Wilson menerima dukungan luas pada masa itu bahkan menjadi pemikiran tunggal yg mendominasi periode awal perkembangan ilmu administrasi. Munculnya kitab text pertama pada ilmu administrasi publik, Introduction to the study of public administration karya Leonard D. White, kembali memberi fokus akan pentingnya fungsi manajerial dalam administrasi publik. Leonard D. White mendefinisikan public administration Definisi tersebut secara terperinci benderang menerangkan bahwa aktivitas administrasi publik merupakan kegiatan manajemen, yakni execution, bukan kegiatan politik sekalipun D.white mengakui bahkan mensyaratkan bahwa untuk melakonkan kiprah tadi administrasi publik wajib berinteraksi menggunakan aktivitas berdasarkan political branch (satu hal yg pada hal tertentu jua diakui oleh Wilson).
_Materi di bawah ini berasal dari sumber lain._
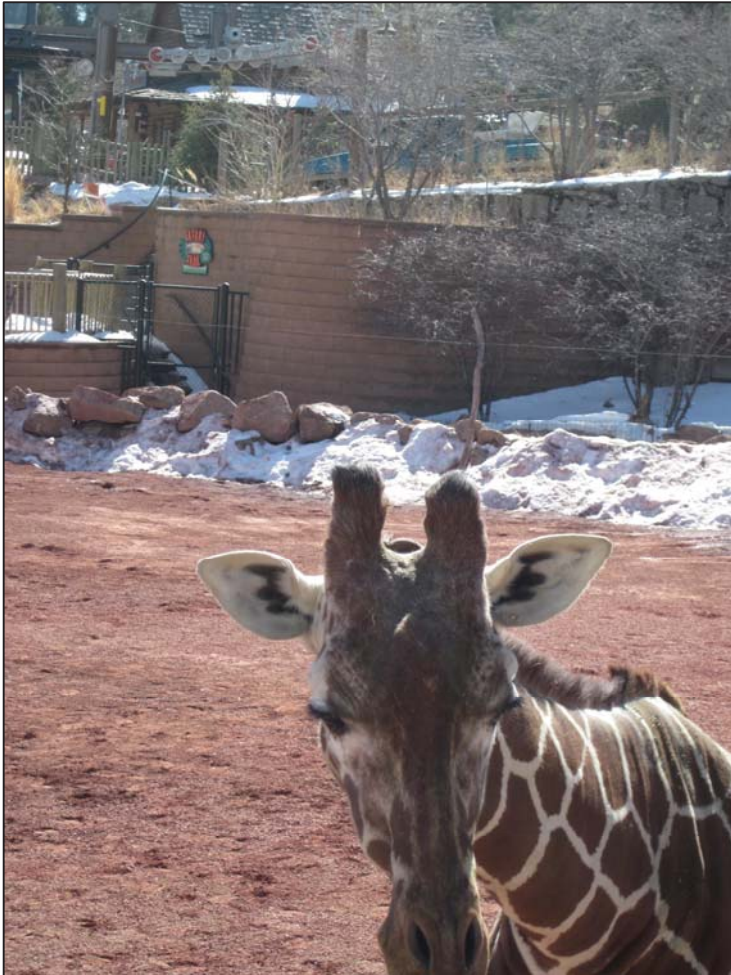

GIRAFFE PROFILE

Twiga

Scientific Name: Giraffa camelopardalis reticulata

Common Name: Reticulated giraffe

Given Name: Twiga

Sex: Female

Birthdate: December 10, 2000

Birthplace: Cheyenne Mountain Zoo

Weight: 1,576 pounds (2018)

Parents: Dam - Riyadh
Sire - Laikipia Sr.

Identification and Characteristics:

- Her ossicones are thin and her left one is grey (image 1). She also has a circle pattern on her chest that looks like a honey comb (image 2).

Known Behaviors:

- Target, back up, right and left foot, X-rays, blood draw, foot painting

Rewards:

- Twiga will take crackers and romaine as reinforcers.

Reproductive History:

- Twiga has had no calves.

GIRAFFE PROFILE

Pictures:

Image 1

Image 2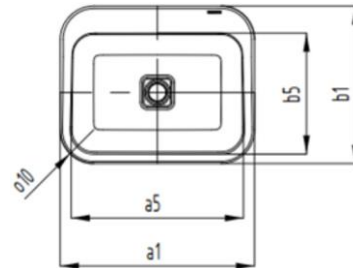

Front side Option B*
(narrow rim = user access)

Model No.	3020	
External length	a1	520 mm
Internal length	a5	461 mm
External width	b1	420 mm
Internal width	b5	323 mm
Total height	c13	900 mm
Distance basin surface to bottom edge of waste hole	c12	125 mm
Distance outer edge to centre of waste hole	f5	189,5 mm
Distance rear edge to centre of waste hole	f12	230,5 mm
Radius of washbasin corner	o10	90 mm
Slant front side, Option A	α	2°
Slant front side, Option B	β	6°
Weight of the enamelled washbasin in kg	35,2	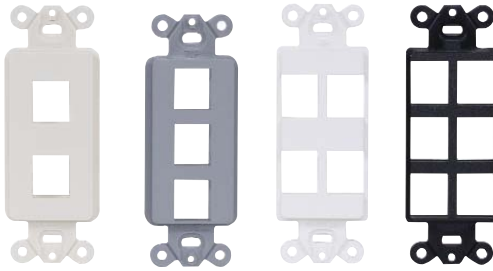

Compatible with our Infin-e-Station™ cover plates, the frame's aesthetic appearance provides a consistent match next to any Infin-e-Station™ plate, module or surface mount box.

All frames are unloaded with the exception of the SL5E4 frames, which are pre-loaded with a 4-port Cat 5e jack adapter.

Tamper-resistant, rear Keystone mounting

IFP126OW and IFP108OW are the only plates in the industry that are UL listed for power and low voltage with label fields

► SPECIFICATIONS

- ◆ Plate: 94 V-0 rated material
- ◆ High-impact polymer construction
- ◆ IFP126OW and IFP18OW rated UL power and low voltage data

ORDER INFORMATION

ISF StyleLine Outlet Frames

	2-port	3-port	4-port	6-port*
Unit Package	1 per Bag	1 per Bag	1 per Bag	1 per Bag
Order Quantity	Carton of 10	Carton of 10	Carton of 10	Carton of 10
Black	ISF2BK	ISF3BK	ISF4BK	ISF6BK
Electrical Ivory	ISF2EI	ISF3EI	ISF4EI	ISF6EI
Gray	ISF2GY	ISF3GY	ISF4GY	ISF6GY
Office White	ISF2OW	ISF3OW	ISF4OW	ISF6OW
White	ISF2W	ISF3W	ISF4W	ISF6W
Telco Ivory	-	-	-	-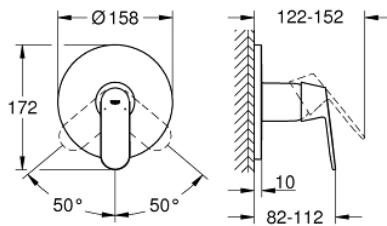

### PRODUCT DESCRIPTION

- Colour: chrome
- trim set for GROHE Rapido SmartBox (35 600/35 604)
- GROHE SilkMove 46 mm ceramic cartridge
- GROHE LongLife finish
- GROHE FastFixation escutcheon with covered shaft sealing and covered fixing
- metal escutcheon, retroactively 6° adjustable
- metal lever
- without roughing-in set 35 600/35 604 (please order separately)
- flow performance: outlet B or C = 30 l/min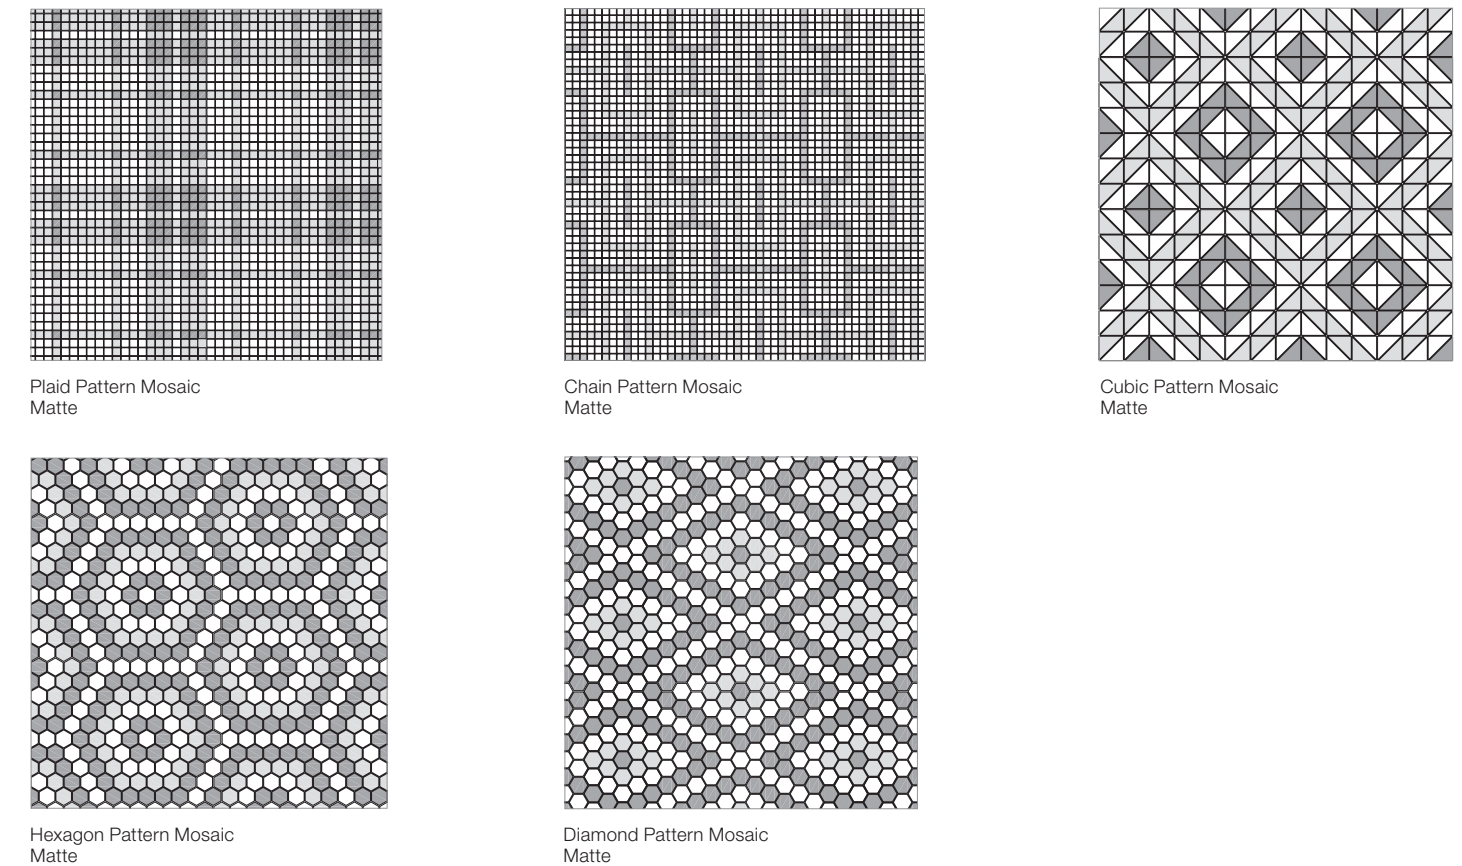

Patterned mosaics at a glance

A variety of classic retro modern designs with new and sophisticated color combinations are offered through a refined collection of Patterned mosaics.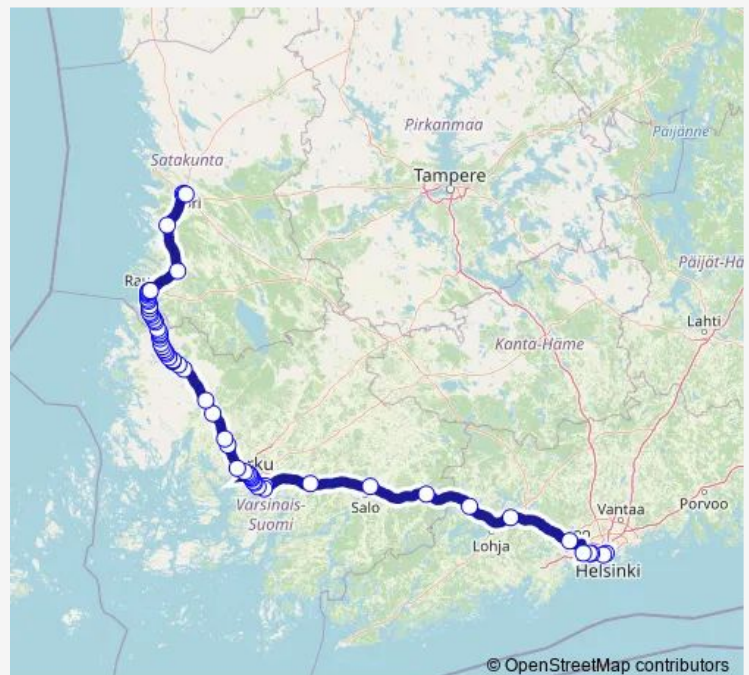

Friday 08:40-14:40

Saturday 08:40-12:40

Sunday 12:40-14:40

Route info

Direction: Helsinki, linja-autoasema, Kamppi

Stops: 62

Trip Duration: 4 hour 45 min

OB11 — Helsinki - Turku - Rauma - Pori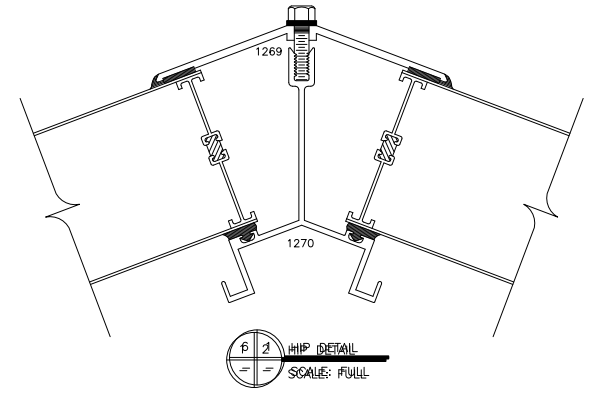

PLAN VIEW
NOT TO SCALE

THERMALLY BROKEN PERIMETER FRAMING

▶ INDICATES 1/4" EXPANSION JOINT (TYP.)

1-1 COMPRESSION STAR
SCALE: 3/4" = 1"

2-1 CURB DETAIL
SCALE: FULL

6-2 HIP DETAIL
SCALE: FULL

3-1 JACK RAFTER CONNECTION
SCALE: 3/4" = 1"

4-1 HIP CONNECTION DETAIL
SCALE: 3/4" = 1"

5-1 RAFTER DETAIL
SCALE: FULL

MAJOR INDUSTRIES INC.
7120 STEWART AVENUE
WAUSAU, WI 54401
P.O. BOX 306
WAUSAU, WI 54402-0306
PHONE (715) 842-4616
FAX (715) 848-3336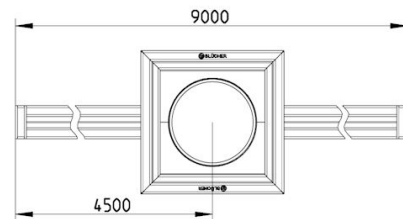

### Specification

Brand Name: BLÜCHER

Floor: Concrete/tiled/resin

Material: AISI 304

Material (EN): EN 1.4301

Membrane Type: No membrane

Minimum Height (mm): 180

Outlet Box: Yes

Outlet Diameter (mm): 160

Outlet Direction: Vertical

Outlet Placement: Center

Series: Slot channel-No membrane

Size: 20x9000

Weight (kg): 40,81

**BLÜCHER®**

A WATTS Brand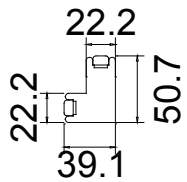

Qty(数量): 1

Material(材质): Balmoral Pine Wood (松木)

Configuration(窗扇结构): L-DR, IN, 4side, Astrigal Stile 41.3mm, Double Insert L Frame 50mm

Tilt rod type(拉杆类型): Easy tilt System

Louvre Quantity(叶片数量): 54

Louvre Size(叶片尺寸): 357.5mm

Rail Size(上下板中板尺寸): 409mm

Order No(订单号): JPK Baker Stublely

Item(序号): 2

Room(房间号): Front Bed Left

Louvre Size(叶片类型): 63mm

Double Insert L Frame 50mm

L R
NOTES:
 Shutter Color: 001 Super White
 Hinges Color: White
 Qty(数量): 1
 Material(材质): Balmoral Pine Wood (松木)
 Configuration(窗扇结构): L-DR, IN, 4side, Astrigal Stile 41.3mm, Double Insert L Frame 50mm
 Tilt rod type(拉杆类型): Easy tilt System
 Louvre Quantity(叶片数量): 54
 Louvre Size(叶片尺寸): 357.5mm
 Rail Size(上下板中板尺寸): 409mm

Order No(订单号): JPK Baker Stubley
 Item(序号): 3
 Room(房间号): Front Bed Righ
 Louvre Size(叶片类型): 63mm

14
 13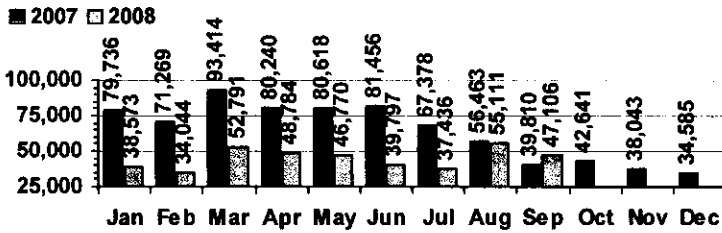

Logan Library Monthly Report September 2008

CIRCULATION

Total Circulation

■ 2007 □ 2008

Average Daily Circulation: 2,796
Highest day: 4,415 on Tue, Sep 02

HOLDINGS

	Donations	Purchases	Discards
Fiction	16	636	313
Nonfiction	32	382	461
Audiovisual	109	316	138
Total	157	1,334	912

Items in collection: 182,731
Titles in collection: 139,414

E-Resources			
Total	Added*	Overlays	Discarded
13,348	30	0	2

*e-audio books added: 30 *e-books added: 0

VISITS

Patron Exit Count

■ 2007 □ 2008

Average visits per day: 1,020.3
Circulations per visit: 2.7

Total number of library card holders: 25,158

SERVICES

Total Number of Reference Questions Answered

Number of Online Visits

PROGRAMS / PROJECTS

1. **Storytime:** Number of Sessions: 26
 Average Attendance: 22.2
 Total Attendance: 576
 Adult Visitors: 11

Ketika kerangka berpikir administrasi terus berkembang, sepertinya perdebatan akademik seputar relasi politik dan administrasi tak kunjung surut. Setelah mengalami arus pulang pada kerangka berpikir ke-tiga Nicholas Henry (administrasi publik menjadi ilmu politik), administrasi publik cenderung menjadi ilmu dan praktik yg bebas nilai dan menjauh dari hingar bingar politik buat kemudian lebih fokus pada problem-duduk perkara organisasi. Gerakan yang relatif revolusioner dengan label New Public Administration Movement dalam akhir dekade 1960-an pulang melakukan somasi terhadap netralitas administrasi publik yang sepertinya nir menaruh kontribusi terhadap aneka macam perseteruan kenegaraan serta kemasyarakatan yg timbul pasca perang global. Administrasi publik kembali dipaksa masuk pada ranah politik pada mana dia wajib memiliki set of value, ethic serta kekuatan moral. Pemilihan nilai, alokasi nilai serta keberpihakan dalam moral tertentu adalah proses yang cenderung lebih dekat dengan aktivitas politik. Semua atribut tersebut wajib teraktualisasi dalam produk kebijakan yg terdapat. Untuk menggaransinya, maka administrasi publik jua dituntut berperan tidak saja pada policy implementation melainkan pula dalam proses policy formulation. Administrasi publik pun semakin kental menggunakan proses dan kegiatan politik. Pertanyaan-pertanyaan moral serta social equity selalu mengikuti tindakan administrasi buat memberi koridor sah bagi kegiatan politik administrasi publik.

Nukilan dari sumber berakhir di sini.